Among Smart Scale’s new features is an automated, rapid-response mode that provides one weight measurement every three seconds during a 15-minute span when the sensors detect the vehicle is being loaded. The feature meets the needs of pit and quarry operations, refuse haulers and others who need fast, frequent readings while loading. During regular use, the system produces a new measurement once per minute.

Most truck operators can equip a typical tractor-trailer unit in the field in about 30 minutes, according to the company. With no wires to hook up, Smart Scale eliminates the cost of a complicated installation, as well as maintenance concerns related to cables and electrical connections. Smart Scale’s waterproof, weatherproof, shock-resistant and noncorrosive housing require no regular maintenance, and the sensors use AA batteries, which last 8 to 12 months in regular use. For more information, visit this site.


Equipment Puzzler
In August, we asked: What can you use to fill tires, other than air, and why would you use it. The answer is nitrogen, and the benefits are twofold: First, it doesn’t expand and contract with temperature as much as air does, so tire pressure remains more consistent. Second, nitrogen molecules are larger than air molecules, so they have a harder time migrating through tires, which all are slightly porous. Again, this helps keep inflation pressure where it belongs.

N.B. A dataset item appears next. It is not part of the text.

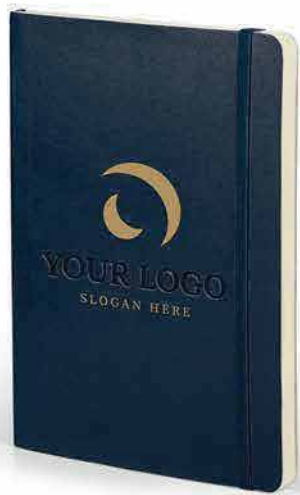

Toscana / 34.414

A5 NOTEBOOK

Book block: printed on ivory offset paper 80 g/m², 192 lined pages
Cover material: thermo sensitive PU Size: 14.4 x 21.4 cm Packing: 20
Recommended print type: screen printing, digital printing, foil stamping, hot stamping, laser engraving

David Dolick – fleet dispatcher/scheduler/driver/yard man (I thought my job kept me busy) for Worthington Foods/Kellogg’s in Zanesville, Ohio – gets the nod for his correct answer. He also gets a chrome CCJ pen and Air Brake Book. You can, too, if you’re the first to e-mail the correct answer to this month’s Puzzler to prichards@ccjmagazine.com, or if you send in a Puzzler of your own and we use it.

This month’s Puzzler:
What is an effective, but dangerous, method of seating a tire’s beads on a wheel, and why should it be avoided?